Dopo il Battesimo, Agostino decise di tornare in Africa con gli amici, con l’idea di praticare una vita comune, di tipo monastico, al servizio di Dio. Ma a Ostia, in attesa di partire, la madre improvvisamente si ammalò e poco più tardi morì, straziando il cuore del figlio. Rientrato finalmente in patria, il convertito si stabilì a Ippona per fondarvi appunto un monastero. In questa città della costa africana, nonostante le sue resistenze, fu ordinato presbitero nel 391 e iniziò con alcuni compagni la vita monastica a cui da tempo pensava, dividendo il suo tempo tra la preghiera, lo studio e la predicazione. Egli voleva essere solo al servizio della verità, non si sentiva chiamato alla vita pastorale, ma poi capì che la chiamata di Dio era quella di essere Pastore tra gli altri, e così di offrire il dono della verità agli altri. A Ippona, quattro anni più tardi, nel 395, venne consacrato Vescovo. Continuando ad approfondire lo studio delle Scritture e dei testi della tradizione cristiana, Agostino fu un Vescovo esemplare nel suo instancabile impegno pastorale: predicava più volte la settimana ai suoi fedeli, sosteneva i poveri e gli orfani, curava la formazione del clero e l’organizzazione di monasteri femminili e maschili. In breve, l’antico retore si affermò come uno degli esponenti più importanti del cristianesimo di quel tempo: attivissimo nel governo della sua Diocesi – con notevoli risvolti anche civili – negli oltre trentacinque anni di episcopato, il Vescovo di Ippona esercitò infatti una vasta influenza nella guida della Chiesa cattolica dell’Africa romana e più in generale nel cristianesimo del suo tempo, fronteggiando tendenze religiose ed eresie tenaci e disgregatrici come il manicheismo, il donatismo e il pelagianesimo, che mettevano in pericolo la fede cristiana nel Dio unico e ricco di misericordia.

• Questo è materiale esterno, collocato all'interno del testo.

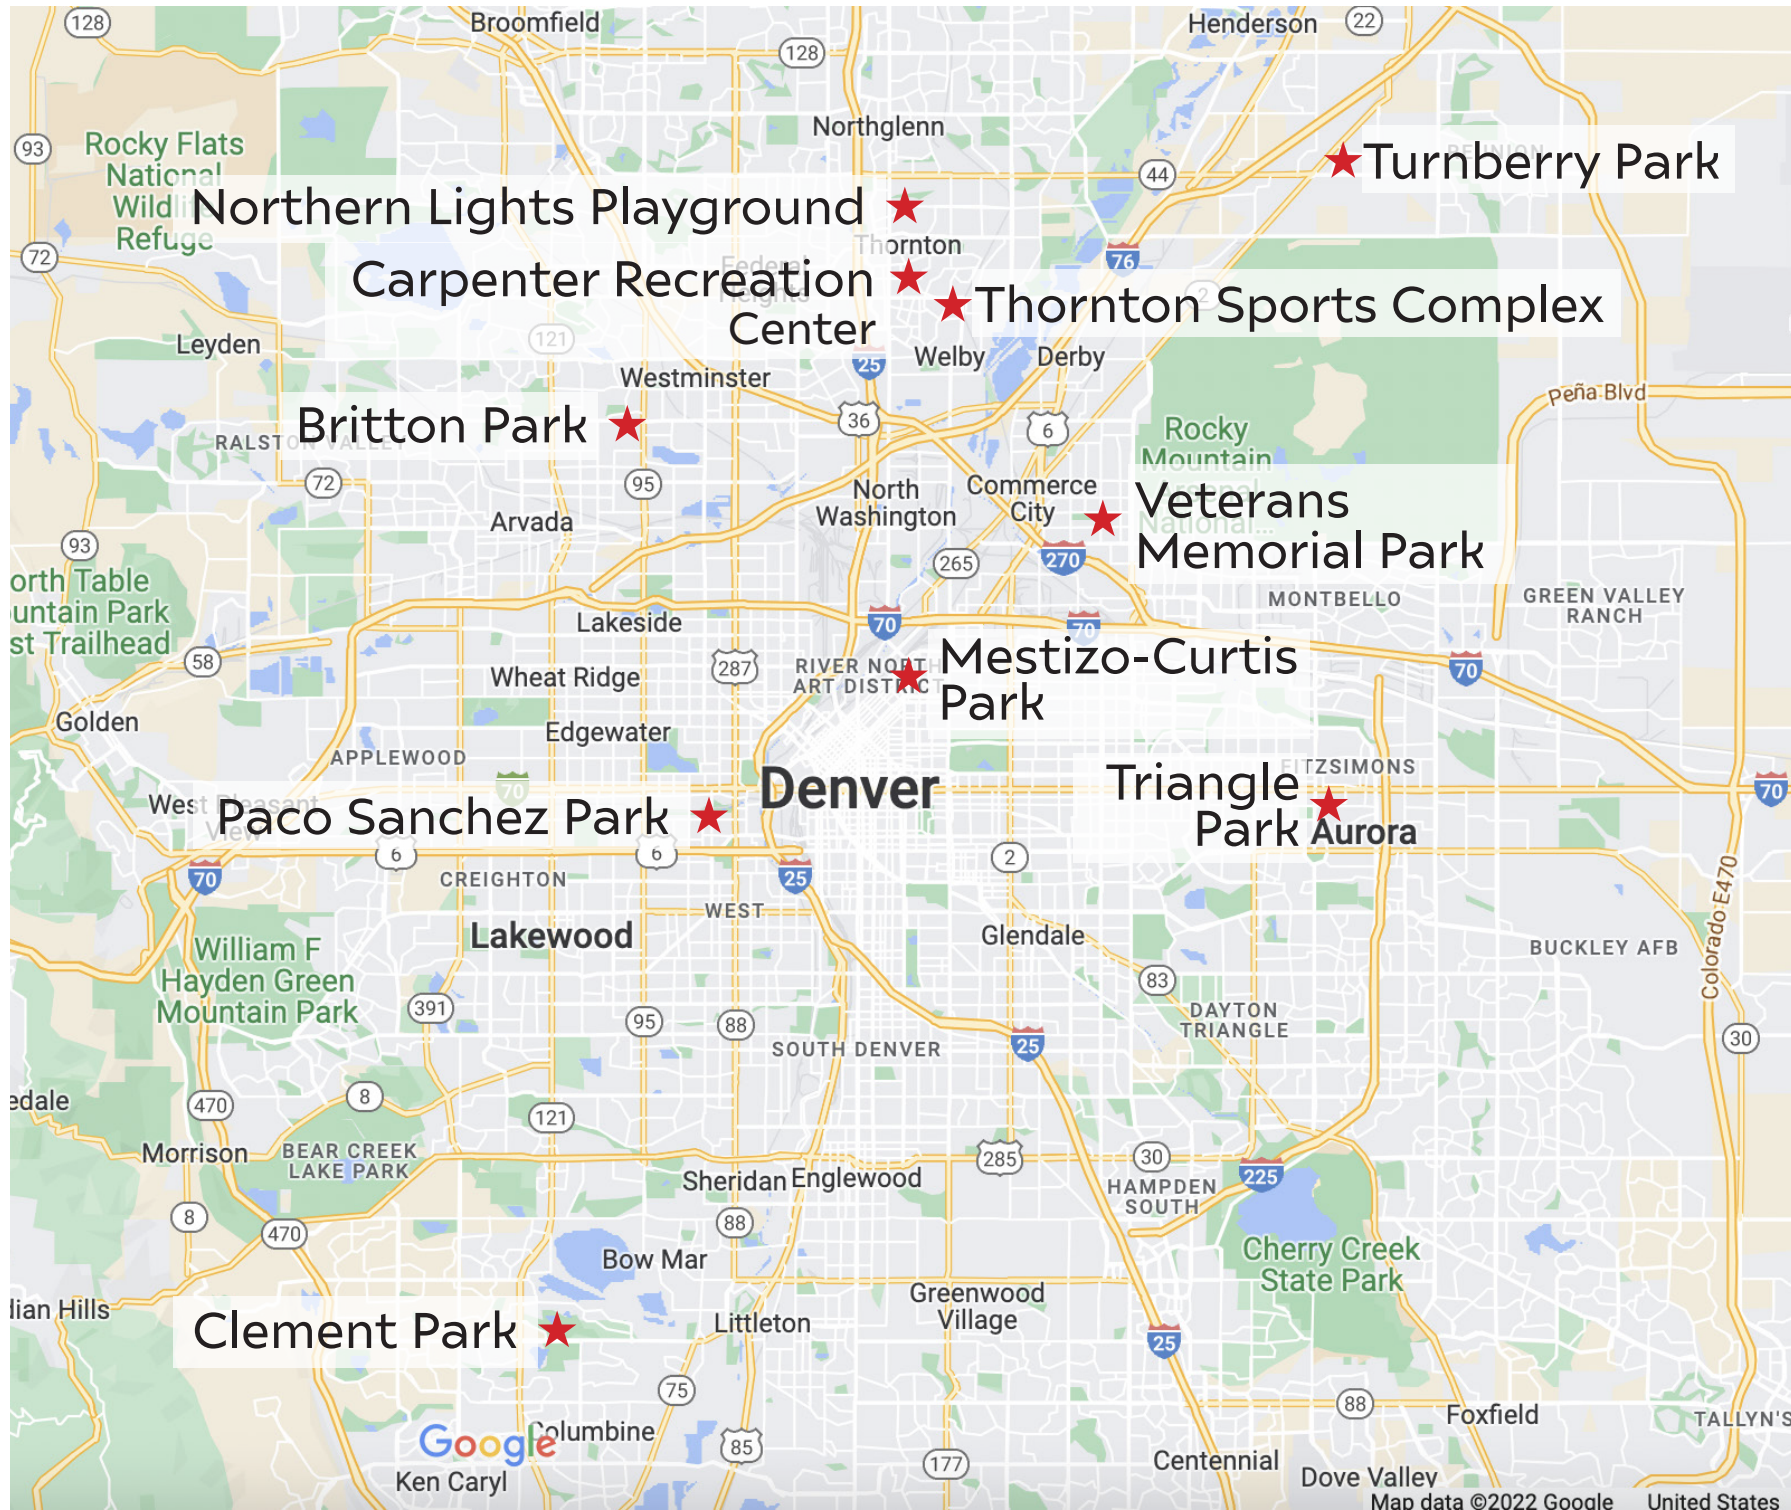

**Northern Lights Playground**  
 13950 York St  
 Thornton, CO 80602  
<https://www.playlsi.com/northern-lights-playground/>

**Thornton Sports Complex**  
 10370 McKay Rd  
 Thornton, CO 80229  
<https://www.playlsi.com/thornton-sports-complex/>

**Britton Park**  
 5574 W 69th Ave  
 Arvada, CO 80003  
<https://www.playlsi.com/britton-park/>

**Clement Park**  
 7306 W Bowles Ave  
 Littleton, CO 80123  
<https://www.playlsi.com/clement-park/>

While you're in Denver for the 2022 STAR Sensory Symposium, take a tour of our innovative playgrounds. Use the links to find more details about each project and get directions to each park location.

**Turnberry Park**  
 10716 Wheeling St  
 Commerce City, CO 80022  
<https://www.playlsi.com/turnberry-park/>

**Veterans Memorial Park**  
 6015 Forest Dr  
 Commerce City, CO 80022  
<https://www.playlsi.com/veterans-memorial-park/>

**Triangle Park**  
 1500 Espana St  
 Aurora, CO 80011  
<https://www.playlsi.com/triangle-park/>

Find more Landscape Structures playgrounds near your home and office by searching your city/state or zip at [playlsi.com/find-local-playgrounds](https://playlsi.com/find-local-playgrounds). And contact your Landscape Structures consultant for a personalized tour of your local play spaces. **Contact us at [playlsi.com](https://playlsi.com) to learn more.**
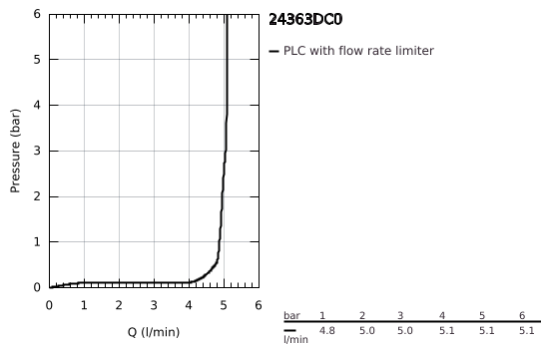

24 363 DC0 **ATRIO SINGLE-LEVER BASIN MIXER 1/2"**
M-SIZE

PRODUCT DESCRIPTION

- Colour: Supersteel
- single hole installation
- GROHE SilkMove 28 mm ceramic cartridge
- with temperature limiter
- GROHE LongLife finish
- GROHE EcoJoy 5.7 l/min laminar mousseur
- maximum flow rate (at 3 bar): 5 l/min
- swivel tubular C-spout with mousseur
- stop limiter
- adjustable swivel area 0° / 150° / 360°
- Push-open waste set 1 1/4"
- flexible connection hoses

24 363 DC0 ATRIO SINGLE-LEVER BASIN MIXER 1/2" M-SIZE

SPARE PARTS, October 2021 – now

- 1: Safety ring (Spare part-nr. 4826600M)
- 2: Flow straightener (Spare part-nr. 48408000)
- 3: Sealing washer (Spare part-nr. 0128500M)
- 4: Fitting ring (Spare part-nr. 07419000)
- 5: Cartridge (Spare part-nr. 46963000)
- 6: Shank fastening assembly (Spare part-nr. 48384000)
- 7: Waste set with push-open plug (Spare part-nr. 65807DC0)
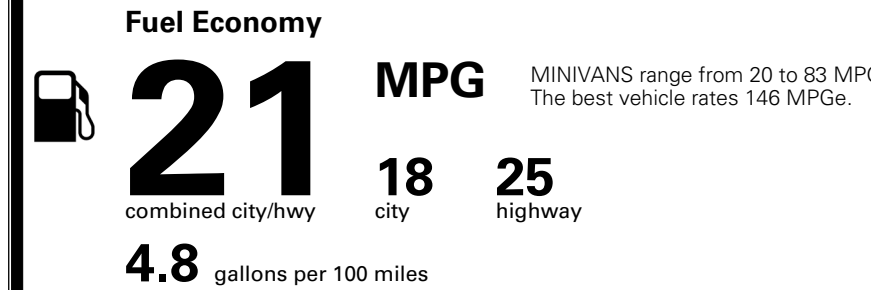

EPA DOT Fuel Economy and Environment

Gasoline Vehicle

You spend
\$3,250
 more in fuel costs
 over 5 years
 compared to the
 average new vehicle.

Annual fuel cost
\$2,350

Actual results will vary for many reasons, including driving conditions and how you drive and maintain your vehicle. The average new vehicle gets 29 MPG and costs \$8,500 to fuel over 5 years. Cost estimates are based on 15,000 miles per year at \$ 3.30 per gallon. MPGe is miles per gasoline gallon equivalent. Vehicle emissions are a significant cause of climate change and smog.
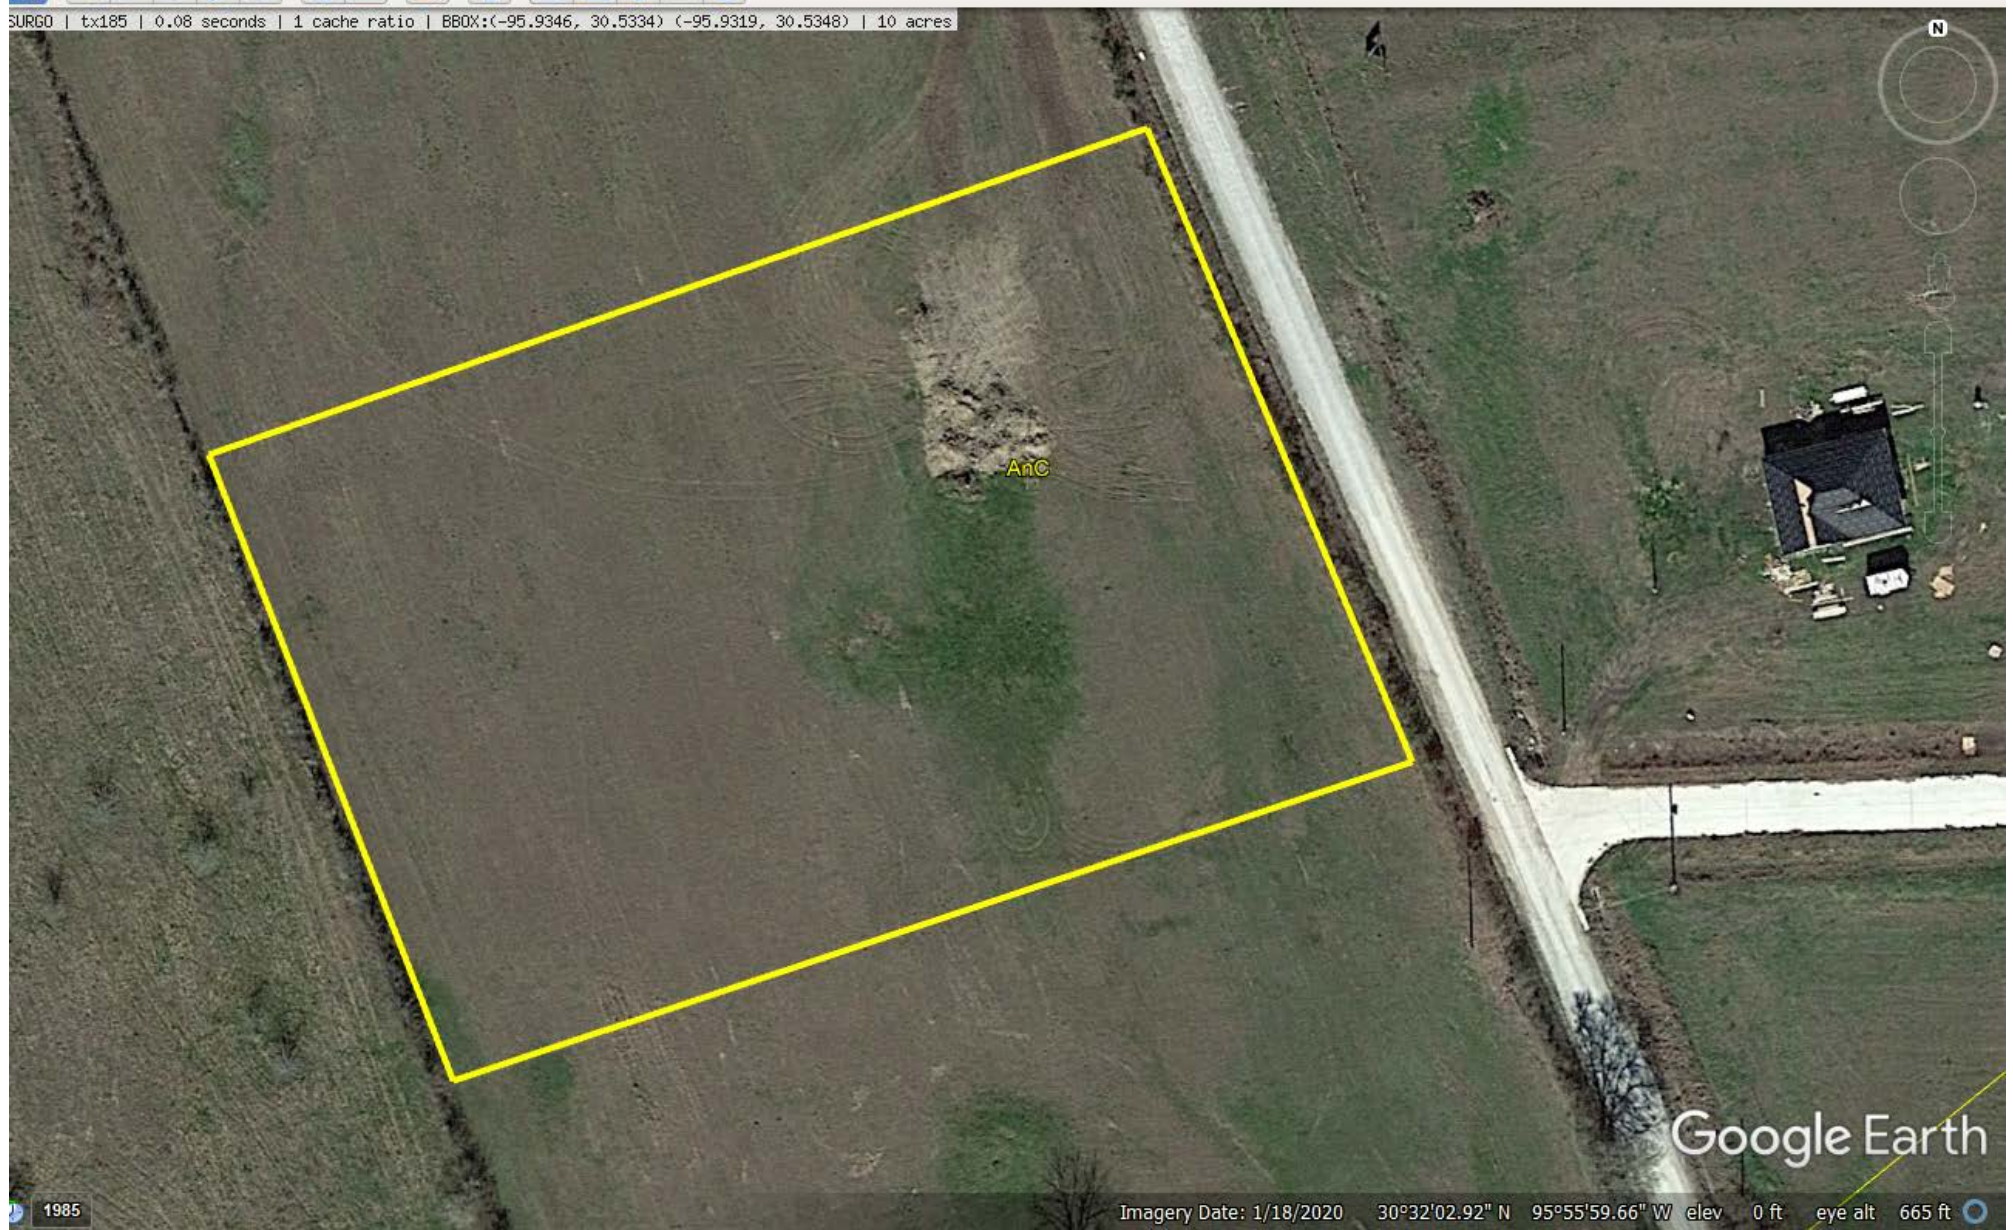

SURGO | tx185 | 0.08 seconds | 1 cache ratio | BBOX:(-95.9346, 30.5334) (-95.9319, 30.5348) | 10 acres

Google Earth

1985

Imagery Date: 1/18/2020 30°32'02.92" N 95°55'59.66" W elev 0 ft eye alt 665 ft

N

© 2021 Google

Google Earth
Earth Point

1985

30°32'05.30" N 95°55'58.40" W elev 0 ft eye alt 1857 ft
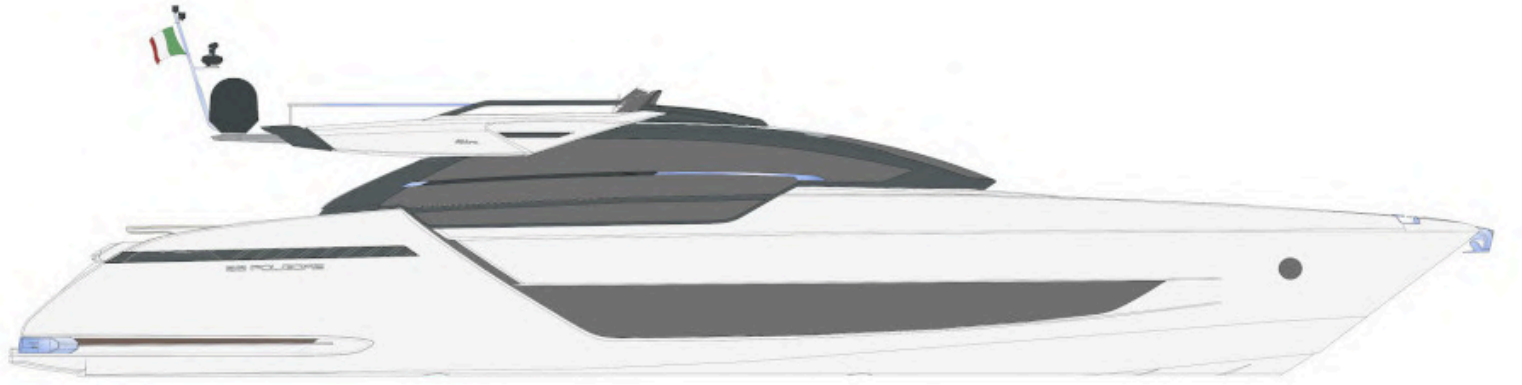

YACHT FOR CHARTER | **KAR** | 88' 4" (26.92m)

YACHT FOR CHARTER | **KAR** | 88' 4" (26.92m)

YACHT FOR CHARTER | **KAR** | 88' 4" (26.92m)

YACHT FOR CHARTER | **KAR** | 88' 4" (26.92m)

YACHT FOR CHARTER | **KAR** | 88' 4" (26.92m)

YACHT FOR CHARTER | **KAR** | 88' 4" (26.92m)

YACHT FOR CHARTER | **KAR** | 88' 4" (26.92m)
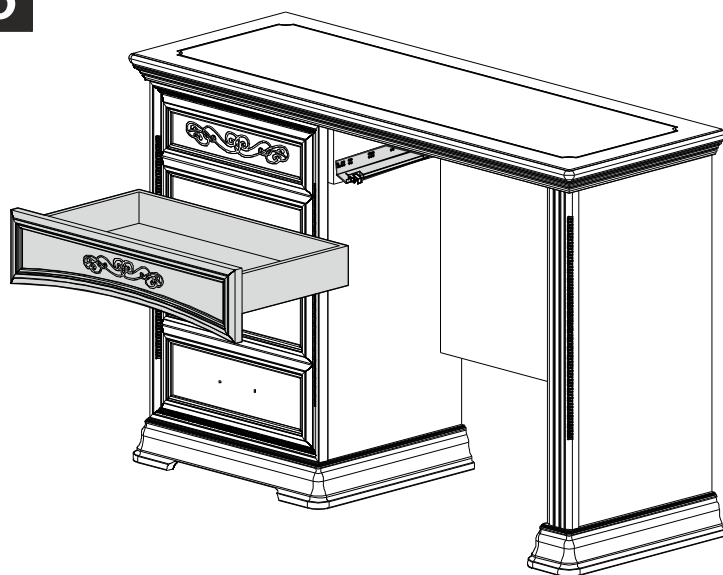

camelgroup®

Made in Italy

ITALIER

TORRIANI TOILETTE CASSETTO CENTRALE

- ☐ NOCE
- ☐ AVORIO

Ⓐ pull the pin to extract the drawer

2

metal plate
(only for toilette
cod.: 128TOI.03NO)

3**4****5**

- Ⓐ push the pin to fix the rail
- Ⓑ Turn it to adjust the drawer
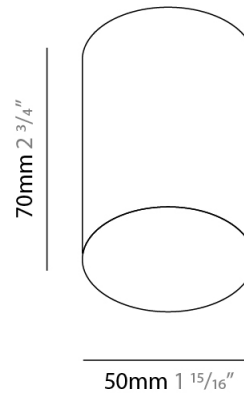

PROJECT
TYPE
SPECIFIER
QUANTITY
DATE

KONE SURFACE

D42016-

base number   Finish
Options

1. To build a product code in our configurator select the specify button on the base model # product page
2. To build a manual product code on this datasheet choose from the options listed below in blue font and add the suffix to the base model #

GENERAL

Series: Kone
Partner: Icone
Division: Design
Installation: Surface
Product Type: Ceiling Surface
Mounting Location: Ceiling
Light Distribution: Direct

PHYSICAL

Aperture Sizes - Downlights: 1"
Shape: Cylinder
Diameter (mm): 50
Diameter (in): 1 ¹⁵/₁₆
Height (mm): 70
Height (in): 2 ³/₄
Fixture Finish: WHI / TWH / WGF / BGL
Fixture Material: Aluminum

ELECTRICAL

Lamp Type: LED
Total Output Wattage (W): 4.5
Dimming: Electronic Low Voltage Dimming
Input Voltage (V): 120Vac Direct Line

LED

Color Temperature (°K): 3000
Nominal Lumen (lm): 350
CRI: >90 CRI
Lamp Life (hrs): 50000

OPTICAL

RATINGS AND CERTIFICATIONS

Certified By: Certified for North American Standards
IP rating: IP20
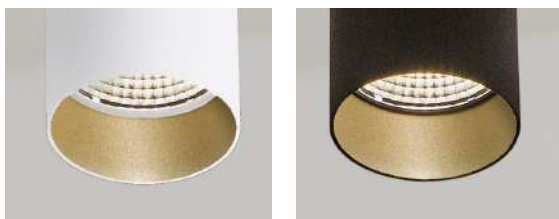

30067.*.*.*.NDI

Number	W	Colour Temperature	Light Distribution	Finish	Dim
30067	5	27 2700	1 Narrow 14°	○ 10 White	NDI* Driver included (non-dimmable)
		30 3000	2 Medium 25°	● 20 Black	
	9	40 4000	3 Wide 40°	● 30 Aluminium	
			4 Superwide 60°	● 40 Gold	
				● A0 Corten	
				● B0 Copper	

Other finishes available upon request

E a Dio si affidò Agostino ogni giorno, fino all’estremo della sua vita: colpito da febbre, mentre da quasi tre mesi la sua Ippona era assediata dai Vandali invasori, il Vescovo – racconta l’amico Possidio nella Vita di Agostino – chiese di trascrivere a grandi caratteri i Salmi penitenziali «e fece affiggere i fogli contro la parete, così che stando a letto durante la sua malattia li poteva vedere e leggere, e piangeva ininterrottamente a calde lacrime» (31,2). Così trascorsero gli ultimi giorni della vita di Agostino, che morì il 28 agosto 430, quando ancora non aveva compiuto 76 anni. Alle sue opere, al suo messaggio e alla sua vicenda interiore dedicheremo i prossimi incontri.